Jack is now wearing an AFO (Ankle Foot Orthotic) to support his leg and prevent fracture until his first surgery which is planned for late 2020 - once Jack has turned three.
Jack’s Tibia will be cut in two places and a titanium rod will be inserted in an attempt to straighten and strengthen the bone."
Jack will face further surgeries in the future to lengthen his leg and to change the rod as he grows.
Until the diagnosis, we had never heard of Neurofibromatosis as Jack’s case is a spontaneous mutation.
We were very surprised to discover the condition is one of the more common genetic defects, which impacts 1 in every 2,500 births.
When Jack was diagnosed our world changed immediately.
As parents, it’s horrible feeling a sense of hopelessness against a disease that has many symptoms that can arise at any time.
We do feel fortunate that Jack is not currently displaying any other characteristics and we are well supported with a great team from the Royal Children’s Hospital in Melbourne.
It gives us comfort that Jack will be in the best hands as challenges arise in the future.

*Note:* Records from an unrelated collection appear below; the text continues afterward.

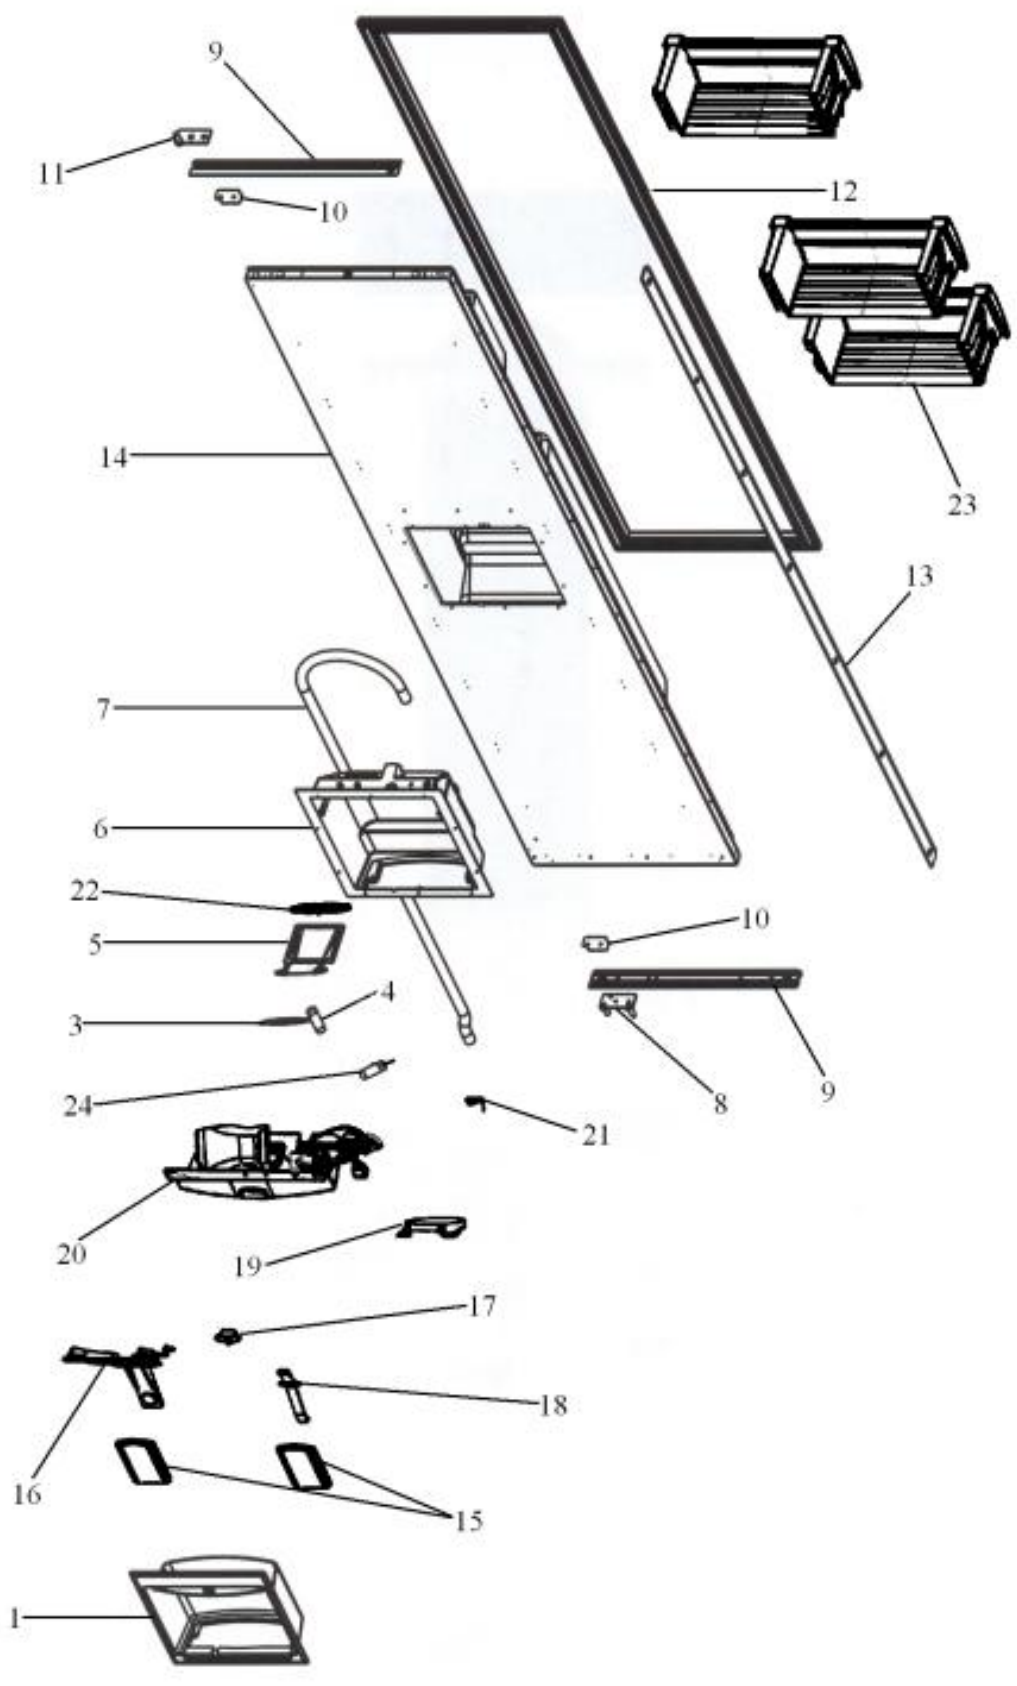

Ref #	Part Number	Qty.	Description
1	PB910271		BEZEL, ICE / WATER DISPENSER
2	PB980033		SPILL TRAY
3	12302201		ICE DEFLECTOR
4	PK930274		TUBE CONNECTOR
5	12348201		CHUTE-ICE NO.
6	PK930403		CAVITY DISPENSER
7	PK930292		CHASE CABLE/WATERLINE 42 SXS DISP
8	PC920147		PIVOT PLATE ASSY - WC LH BOT
9	PM910311		FRAME - TOP / BOTTOM
10	PD940092		SPACER - DOOR HINGE
11	PC920132		PIVOT PLATE ASSY - LH
12	PB970175		GASKET
13	PE940176		TRIM - DOOR SXS PRO SIDES
14	G50910709		DOOR FOAM ASM SXS 42 FZ DISP
15	12221005		PAD ACTUATOR
16	PK930259		ARM, ICE ACTUATOR
17	PE950152		SWITCH SLIDE
18	12220301		ARM-WATER DISP NO.
19	12220502		DISPENSER DOOR
20	PM910478		CAVITY COVER ASSEMBLY - BK (BEFORE 4/15/05) (BEFORE 4/15/05) - INCLUDES SWITCHES
20	PM910481		CAVITY COVER ASM FOR WHITE BEZEL (BEFORE 4/15/05) - INCLUDES SWITCHES
20	PM910516		CAVITY COVER ASSEMBLY (AFTER 4/15/05) - INCLUDES SWITCHES
20	PM910517		COVER CAVITY ASM WHITE BEZEL (AFTER 4/15/05) INCLUDES SWITCHES
21	12194803		SPRING, DISPENSER DOOR
22	12193801		GASKET - ICE DR
23	G5098676		DOORBIN ASM SXS 42 & 48 FZ
24	C8973603		DELAY-DOOR NO.
NI	040085-000		HARNESS, MAIN
NI	G50911859		DISPENSER WATER LINE SLEEVE SERVICE KIT
NI	PB910274		INSERT FACADE (BEFORE 4/15/05)
NI	PB910281		INSERT FACADE SXS DISPENSER (AFTER 4/15/05)
NI	040066-000		HARNESS JUMPER LOWER
NI	040078-000		HARNESS, JUMPER DISP CAVITY

He is currently seeing his Paediatrician, Orthopaedic Surgeon, Neurologist and Ophthalmologist every 6-12 months.
For Jack, having a bowed leg and wearing a ‘brace’ every day is his normal.

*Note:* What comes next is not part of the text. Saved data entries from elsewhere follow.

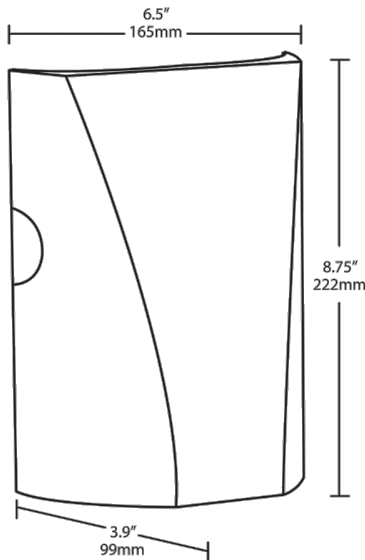

BUG Rating:

B1 U0 G0

BUG Rating:

B1 U0 G0

Dimensions

Features

- Full cutoff, fully shielded LED wallpack
- Can be used as a downlight or uplight
- Contractor friendly features for easy installation
- 100,000-hour LED Life
- 5-Year Warranty
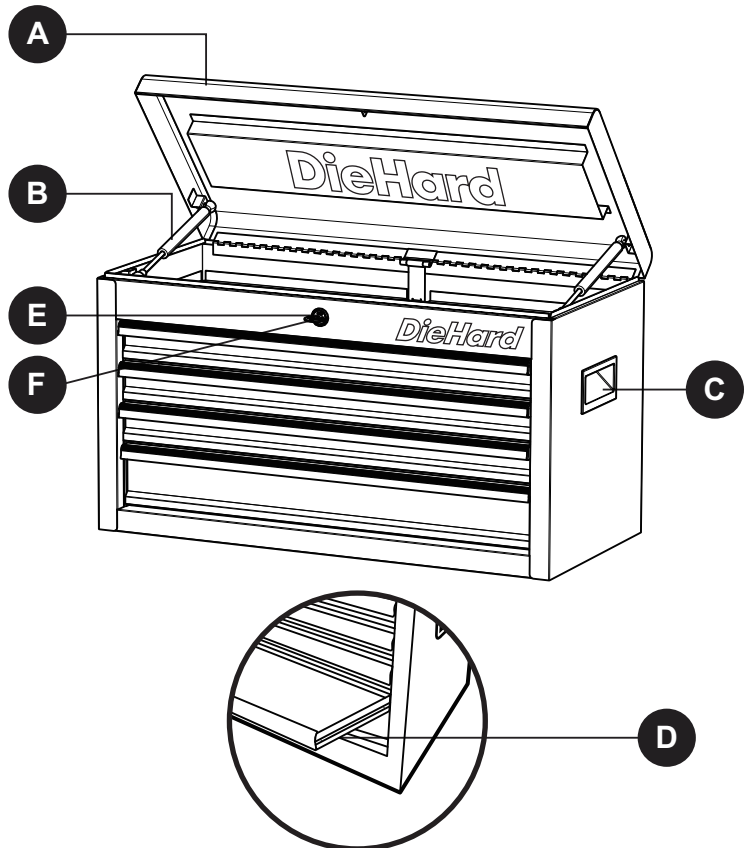

DieHard®

POWER AHEAD®

4-DRAWER 26-IN. TOOL CHEST

MANUAL

10886

CAUTION:

Read and follow all Safety Rules and Operating instructions before first use of this product

PRODUCT SPECIFICATIONS

COMPONENTS	SPECIFICATIONS
Product size	26-In.W x 12-In.D x 15.3-In.H
Product Weight	41.1 lbs.
Maximum drawer capacity	33 lbs.

PART LIST

PART	DESCRIPTION
A	Lid
B	Gas strut
C	Top chest side handle
D	Top chest drawer slide
E	Lock
F	Key

He only started wearing shoes once he was fitted for his AFO, so to him, putting your slippers or shoes on also involves fitting his AFO.
Jack’s condition does not impact him too much at his age; however, as he grows, we are noticing his peers are now running, jumping and climbing, which Jack has difficulty with. He continues to have difficulty walking due to his leg and does fall and trip a lot. But, he gives everything a go and is now starting to ride a scooter and use his balance bike which is great to see.
As a family, we are still grappling with Jack’s prognosis of NF1, with the greatest challenge being the unknown that lies ahead. Our little ‘Jack Jack’ is a funny little boy who’s cheeky, good humoured and extremely determined. Qualities we are sure will serve him well facing NF1. Our immediate focus is getting Jack through his upcoming surgery and supporting him through his recovery.
Jack and his big sister Edie support each other so much, they are just beautiful together.